Orta Vadeli Program’da yıl sonu için yüzde 65 üzere bir enflasyon beklentisinin bulunduğunun hatırlatılmasının akabinde yeni minimum fiyat müzakerelerinin bu sayı üzerinden yapılıp yapılmayacağı sorusuna Alım, “Orta Vadeli Plandaki enflasyon maksadının, öteki makro göstergelerle ilgili bir şey. Çıkacak gerçek enflasyon nedir, ne olacaktır? O gün onu değerlendireceğiz. Onun için şimdiden bir sayı ya da oran söylemem mümkün değil lakin aralık ayında ortaya çıkan tabloya nazaran o değerlendirmeyi yapacağız.” cevabını verdi.
Vergi dilimiyle ilgili bir soru üzerine Alım, minimum fiyat ne olursa o sayının altındaki ölçünün vergi dışında kalacağını vurguladı.

Bahsedilen bahsin ise minimum fiyat üzerindeki sayının vergi dışında kalması olduğunu lisana getiren Alım, “Hazine ve Maliye Bakanımızla o mevzuda bir oran üzerinde konuşmadık lakin toplu mukavelede prensip olarak benim yaklaşımım, toplu kontratta elde edilen fiyatın yıl sonunda geçerliliğini koruyacak düzeyde bir verginin dikkate alınması. Daha da kıymetlisi kriz devrinde bunun sabitlenmesi.” tabirlerini kullandı.

Bakan Alım, “SSK ve Bağ-Kur prim gün farklarının kapatılacağını, eşitleneceğini belirtmişsiniz.

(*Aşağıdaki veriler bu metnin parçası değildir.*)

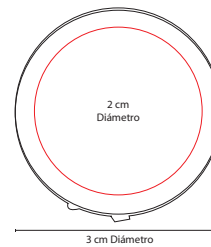

GLF 05

CLIP CON MARCADOR DE BOLAS WINNER

Material: Metal

Medida: 3 cm Diámetro

Área de Impresión: 2 cm Diámetro

Técnica de Impresión: Láser / Pantógrafo / Serigrafía

Colores: Plata

Marcador magnético de pelota con velcro para los guantes.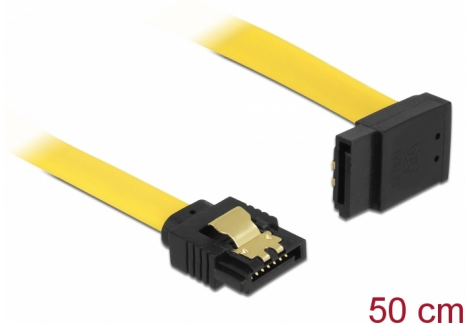

# Delock SATA 6 Go/s Câble droit coudé vers le haut 50 cm jaune

## Description

Ce câble SATA Delock permet la connexion interne de différents périphériques SATA, tels que des disques durs, des cartes contrôleur ou des mémoires Flash. Il est conforme à la dernière norme et procure un taux de transfert de données jusqu'à 6 Gb/s. Il est rétrocompatible avec les précédentes versions SATA, mais ne peut alors atteindre que leur vitesse de transfert respective. En connectant ce câble à un disque dur, le câble est orienté vers le haut. Les attaches métalliques sur les connecteurs garantissent que le câble s'enclenche en position de manière fiable.

**N° produit 82810**

EAN: 4043619828104

Pays d'origine: China

Emballage: Sac polyvalent à fermeture éclair

## Détails techniques

- Connecteurs :
  - 1 x SATA 6 Gb/s à 7 broches femelle droit >
  - 1 x SATA 6 Gb/s 7 broches femelle coudé vers le haut
- Avec attaches métalliques dorées
- Débit de données jusqu'à 6 Gb/s
- Rétrocompatible avec SATA 1,5 Go/s et 3 Go/s
- Jauge de câble : 26 AWG
- Couleur : jaune
- Longueur sans connecteurs: env. 50 cm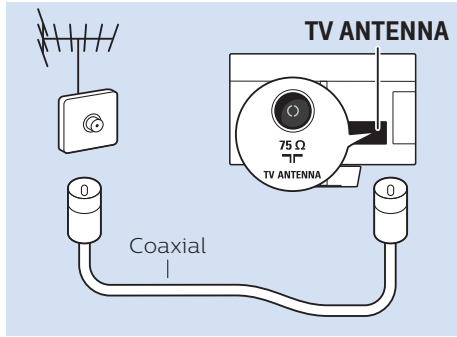

Tiếng Việt - Hãy đọc chỉ dẫn an toàn.

简体中文 - 请阅读安全说明。

繁體中文 - 請閱讀安全說明。

العربية قراءة تعليمات السلامة.

עברית קראו את הוראות הבטיחות

Video Player - YPbPr, L/R

USB Hard Drive

Computer - HDMI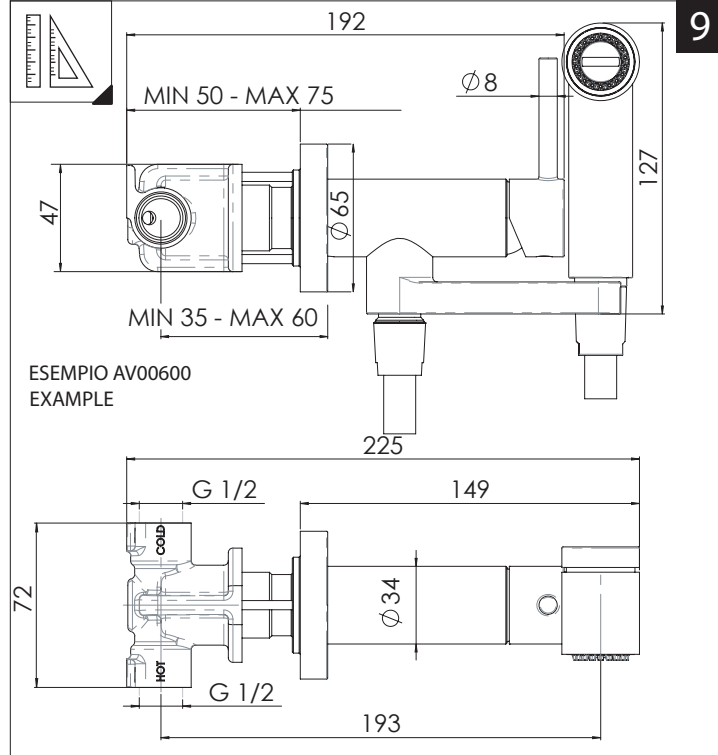

B

4

C

5

D

PRIMA DI INIZIARE / BEFORE STARTING

	P bar		MAX 5 MIN 0,5		5		T °C		MAX -60		-42
--	----------	--	------------------	--	---	--	---------	--	------------	--	-----

PULIZIA / CLEANING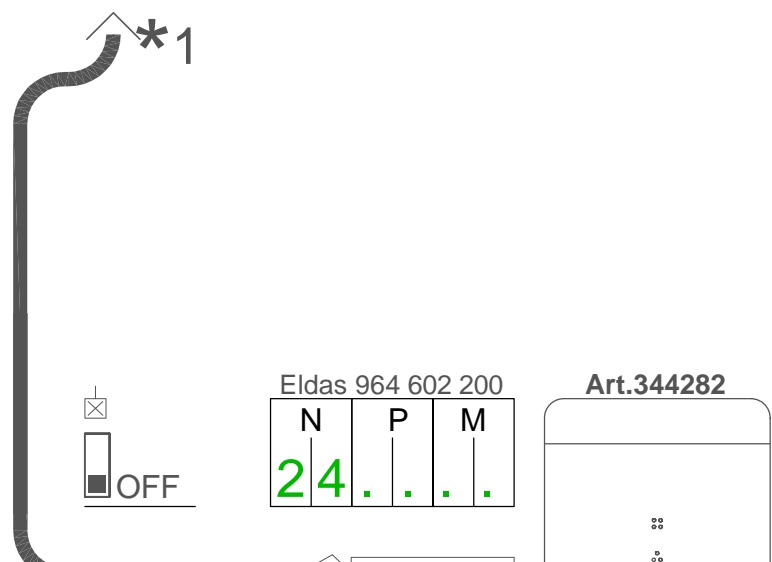

Info: Verdrillte kabel verwenden / Utiliser des câbles torsadés
 Utilizzare cavi twistati Art.336904 - Eldas 101 282 009

21 INT 1.3/00

21 INT 1.1/00

* 1-4 (Strang / Colonne montante / Montante)

Info: Verdrillte kabel verwenden / Utiliser des câbles torsadés
 Utilizzare cavi twistati Art.336904 - Eldas 101 282 009

21 INT 1.4/00

21 INT 1.2/00

* 1-4 (Strang / Colonne montante / Montante)

Info: Verdrillte kabel verwenden / Utiliser des câbles torsadés
 Utilizzare cavi twistati Art.336904 - Eldas 101 282 009

21 INT 1.5/00

21 INT 1.3/00

* 1-4 (Strang / Colonne montante / Montante)

Info: Verdrillte kabel verwenden / Utiliser des câbles torsadés
 Utilizzare cavi twistati Art.336904 - Eldas 101 282 009

21 INT 1.6/00

21 INT 1.4/00

* 1-4 (Strang / Colonne montante / Montante)

Info: Verdrillte kabel verwenden / Utiliser des câbles torsadés
 Utilizzare cavi twistati Art.336904 - Eldas 101 282 009

21 INT 1.5/00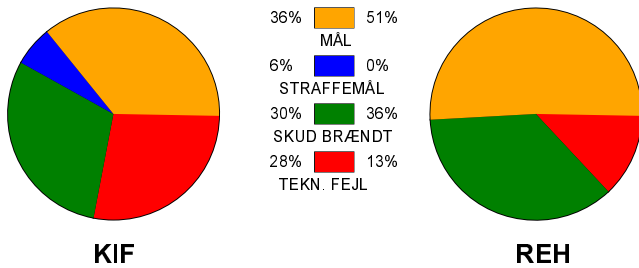

Angrebet sluttede med: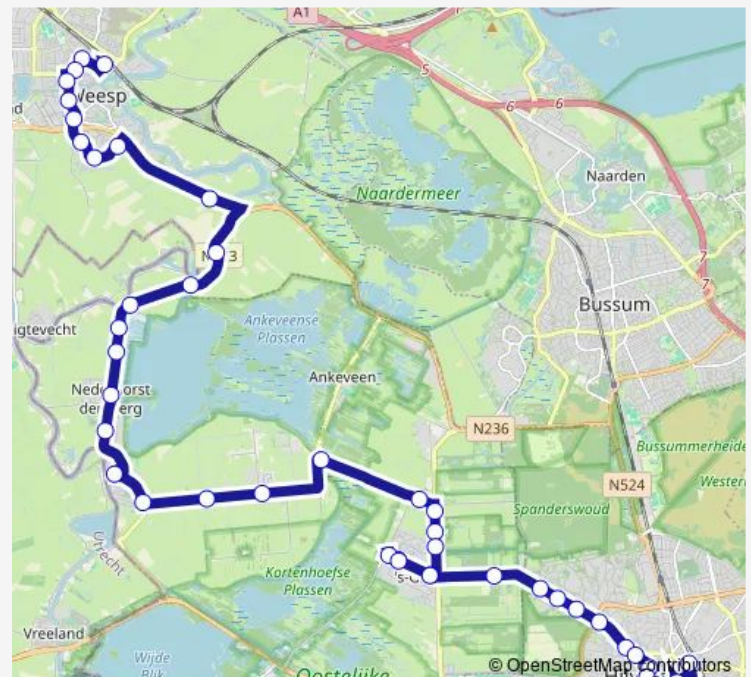

Bus 106 Weesp - Hilversum via Nederhorst den Berg

[Go to website](#)

Direction

Weesp, Station — Hilversum, Station

44 stops

[Open route schedule](#)

Weesp, Station

Weesp, J.H. Leopoldhof

Nederhorst den Berg, Overmeer

Horstermeer, Poldergemaal

Horstermeer, Middenweg 40

Horstermeer, Machineweg

Route schedule

Weesp, Station — Hilversum, Station

Monday 06:33-23:33

Tuesday 06:33-23:33

Wednesday 06:33-23:33

Thursday 06:33-23:33

Friday 06:33-23:33

Saturday 07:33-23:33

Sunday —

Route info

Direction: Weesp, Station

Stops: 44

Trip Duration: 0 hour 53 min

106 — Weesp - Hilversum via Nederhorst den Berg

Ankeveen, Stichts End

Ankeveen, Harinxmahof

's-Graveland, Klapbrug

's-Graveland, Brugchelen

's-Graveland, Hilverbeek

Kortenhoef, Kerklaan

Bu konuda prim gün farkları eşitlenecek mi? Bu periyotta düzenleme hangi kapsamda olacak?” probleme da şu cevabı verdi:

“Oradaki açıklama, sonradan okuduğum kadarıyla yanlış aksedilmiş. Ülkü olandan bahsediyorum. Bana sık sık soruluyor, ‘Ben Bağ-Kur’luyum, şu kadar emeklilik maaşı alıyorum lakin yanımda emekli olan personel, Bağ-Kur’lu küçük bir işletmesi var. Benden çalışan personel daha fazla şey alıyor. Neden olur bu?’ Bunun karşılığını biliyorsunuz. Farklı primler ödendiği için oluyor. Kıymetli olan bu ıslahatın Türkiye’nin gerçekleştirdiği toplumsal güvenlik ıslahatının prim gün sayısının da eşitlenerek prim ölçülerine nazaran emeklilik ve emeklilik aylıklarının ortasındaki dengesizliklerin giderilmesi gerektiğini vurgulamak için söylediğim bir cümle o. Natürel medyada mevzuyu dinleyen çok güzel bilmiyorsa istediği üzere yazıyor.”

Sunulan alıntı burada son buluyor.